Kudos! Cool idea, I'm on the same path you are, yet you're just one step ahead. For mouse.dev, what are you using for the cloud agent sandbox piece? I haven't moved my agents to the cloud yet (for on the go mobile enablement). Would Islo be a competitor to mouse?

https://islo.dev/

https://www.incredibuild.com/blog/why-we-built-islo-ai-codin...

Aeroi · 2026-05-04T18:25:44 1777919144

cool! I've been mostly building for what coding from an iphone can look like. the cloud agent sandbox portion is definitely not polished yet but working well so far. i looked at daytona, e2b, modal ect. but decided to roll my own with fly.io. ttl on agent create. mouse uses per-thread sandboxes (not shared-container multi-workspace) and then post-gres for agent history ect.

i'll have to look more at islo, I definitely think its a growing space with alot of opportunity for those that participate and solve problems.

ryanlitalien · 2026-05-04T20:32:25 1777926745

Great ideas, I'll look at those too. We're only a few steps away from building our own cloud providers :D.

adobrawy · 2026-05-04T05:02:21 1777870941

I'm a Claude Code Web fan and a rather heavy user. So I was interested in your product. However, I couldn't find an answer on the website. What parts did you find so good that you ported them?

Aeroi · 2026-05-04T10:59:45 1777892385

Nothing groundbreaking but i'll do a blog writeup on the architecture if it would be helpful for people. My focus has been on mobile.

The main pieces I've integrated for mouse.dev inspired by claude/cursor was plan mode, agent questions, subagents, pre/post hooks, context compaction, repo-local skills, and permission modes.
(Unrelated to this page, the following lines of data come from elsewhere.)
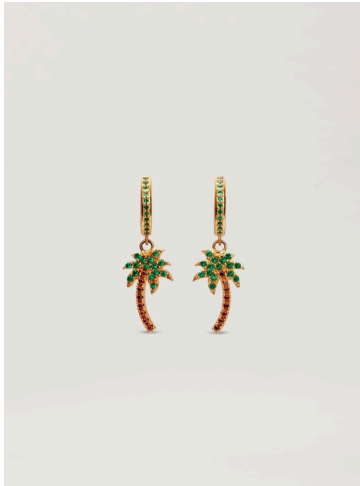

**OVERLOGO KEYRING  
ONESIZE  
THB 4,900 / NOW THB 2,940**

**KEY RING WITH LOGO STRAP  
ONESIZE  
THB 6,500 / NOW THB 3,900**

**PA MONOGRAM PINKY RING**  
SIZE : 58  
THB 7,900 / **NOW THB 4,740**

**MONOGRAM STRASS RING**  
SIZE : 52  
THB 10,900 / **NOW THB 6,540**

**HORSESHOE RING**  
SIZE : 52,54  
THB 9,900 / **NOW THB 5,940**

**PALM STRASS HOOP EARRINGS**  
**ONE SIZE**  
**THB 18,900 / NOW THB 11,340**

**PALM PENDANT STRASS EARRING**  
**ONESIZE**  
**THB 17,900 / NOW THB 10,740**

So mostly tools like enter_plan_mode, ask_user_question, and spawn_subagent, plus .mouse/skills and .mouse/plans.

One nice feature is continuity. If you’re working on desktop and save a plan to .mouse/plans, you can pick it up later on mobile with cloud agents, or do the reverse. You can plan something from your phone, then when you’re back at your desk, review it/build it. That was my initial goal with this project because I've found the plan act loop so helpful.

Mouse Cloud Agents is mostly an OpenCode-based harness, but everything routes through our MCP/event system so it’s mobile-first and provider-agnostic.

I intentionally skipped a lot of IDE and Claude Code style desktop features. The bet is that this new style of coding is becoming less “edit files in an IDE” and more steer a capable coding chatbot.

Would love to hear from anyone reading that's iterating on harness architecture, it's been really fun to work on.

Aeroi · 2026-05-03T18:51:00 1777834260

is this the biggest missed pivot of all time?